Now Democrats and Republicans in the Capitol say they have a better plan for cushioning the state from economic downturns and stabilizing its notoriously rocky finances. The Legislature unanimously approved the measure Thursday, and it will be placed on the ballot in November for voters to consider.
John A. Pérez (D-Los Angeles), who championed the proposal while he was Assembly speaker, said the proposed constitutional amendment "will help break the bad habits of the past" and "put California on a solid financial footing in the years ahead."
The measure is the result of bipartisan negotiations during a special legislative session convened by Gov.
The plan, if approved by voters, would set aside 1.5% of general fund revenue each year, in addition to spikes in revenue from capital gains taxes. Half the money would be deposited into a reserve fund and the other half would be used to pay off debt and cover long-term costs such as pensions for public employees.
According to estimates by the Brown administration, $1 billion will be set aside annually for each of those purposes over the next few years. Deposits into the reserve fund could be suspended and money could be withdrawn when revenue fails to keep pace with spending.

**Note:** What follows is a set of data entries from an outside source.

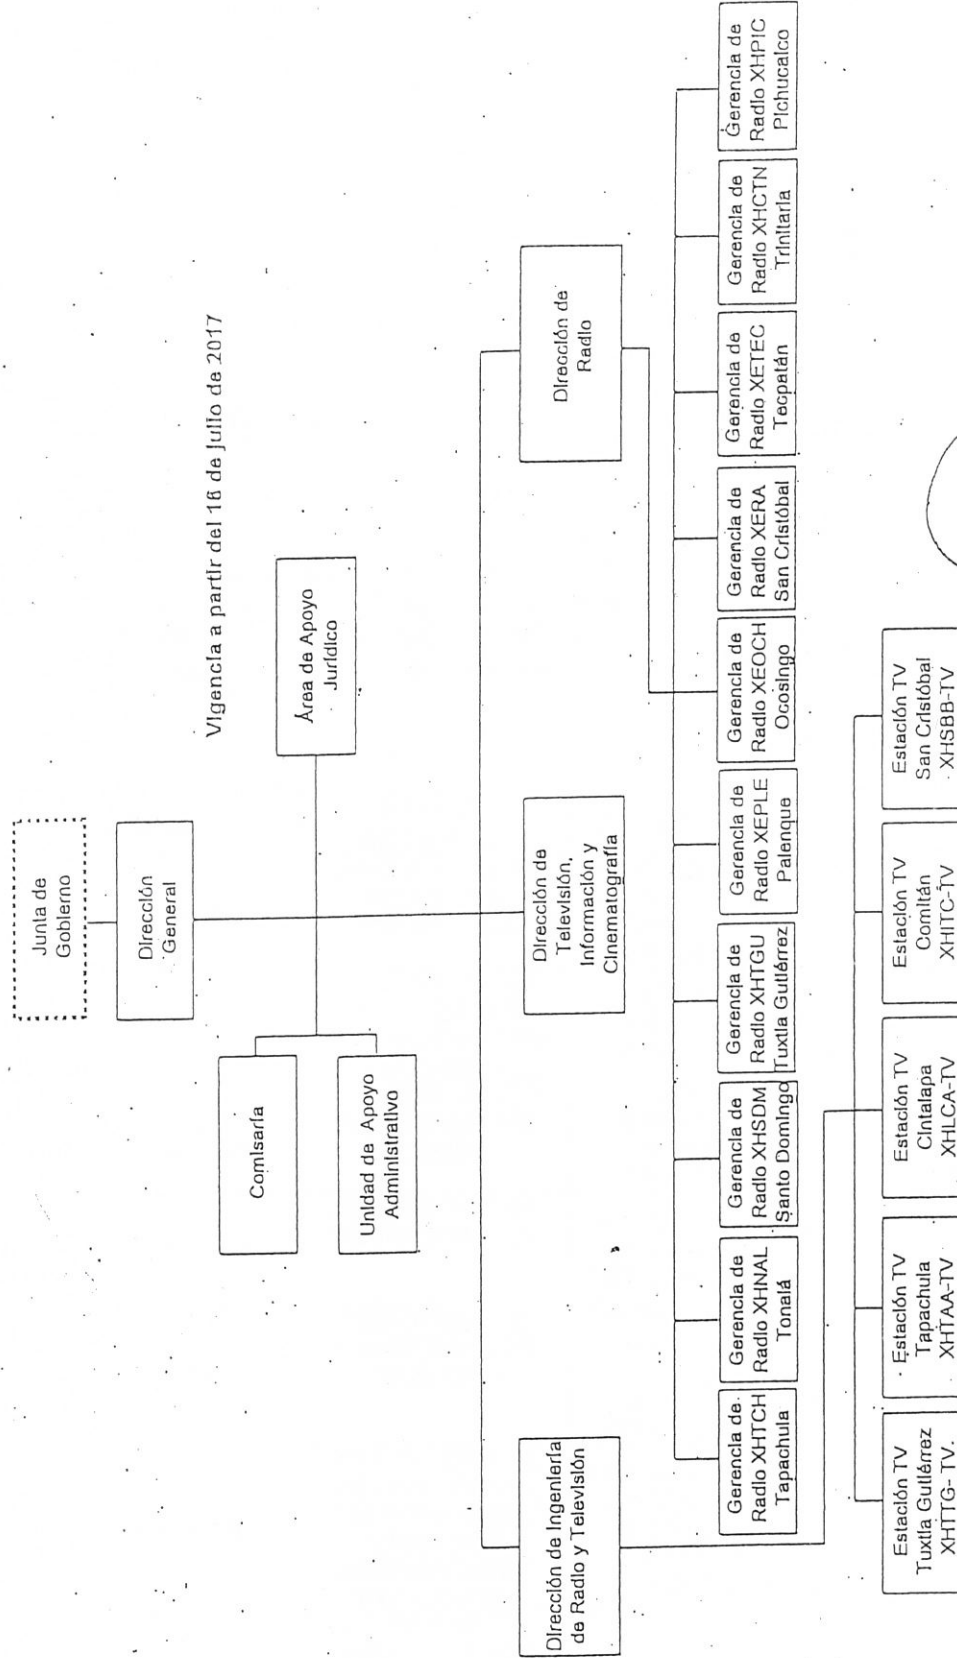

SISTEMA CHIAPANECO DE RADIO, TELEVISIÓN Y CINEMATOGRAFÍA GENERAL

[Handwritten Signature]
Magda Eugenia García Aranda
Coordinadora General de Recursos Humanos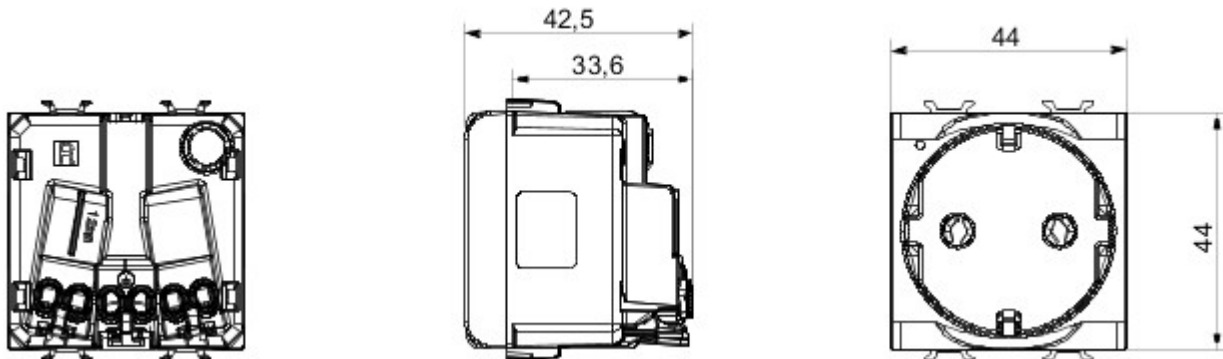

Categorie	Contactdoos met dubbele ampèrage	Omschrijving	2P+E - 16 A
Kleur	Glossy white	Spanning	250 V AC
Standaard	Duitse norm	Eigenschappen	Met veiligheidsplaten
Voor stekkerpennen	Ø 4,8 mm	Aansluitklemmen voor bekabeling	Snel, met veer
Standaard	IEC 60884-1; DIN VDE 0620-1	Bestendigheid bij testspanning	2000 V bij 50 Hz gedurende 1 minuut
Isolatieweerstand	> 5 MOhm	Prolonged operation socket (no.of position changes)	10.000 bij In 250 V AC cosφ=0,8
Thermospanning met kogel	125 °C	Gloeidraadproef	850 °C
Klemgreep op kabeltractie	> 50 N	Aanspanvermogen aansluitklem flexibele kabels (mm²)	min. 0,75 - max. 2x4
Aanspanvermogen aansluitklem starre kabels (mm²)	min. 0,5 - max. 2x2,5	Aantal modules	2
Electrocod	0131	Materiaal	Technopolymeer

### DIMENSIONAL

Liberal advocates are concerned that the measure would leave less money available to reverse recession-era budget cuts, and some conservatives prefer an earlier, abandoned proposal that contained tighter spending limits.
But no organized opposition emerged, and Claremont McKenna College political science professor Jack Pitney said he expects it to be popular with voters.
"Californians are very tired of annual budget crises," he said. "The idea of setting something aside for a rainy day has great appeal."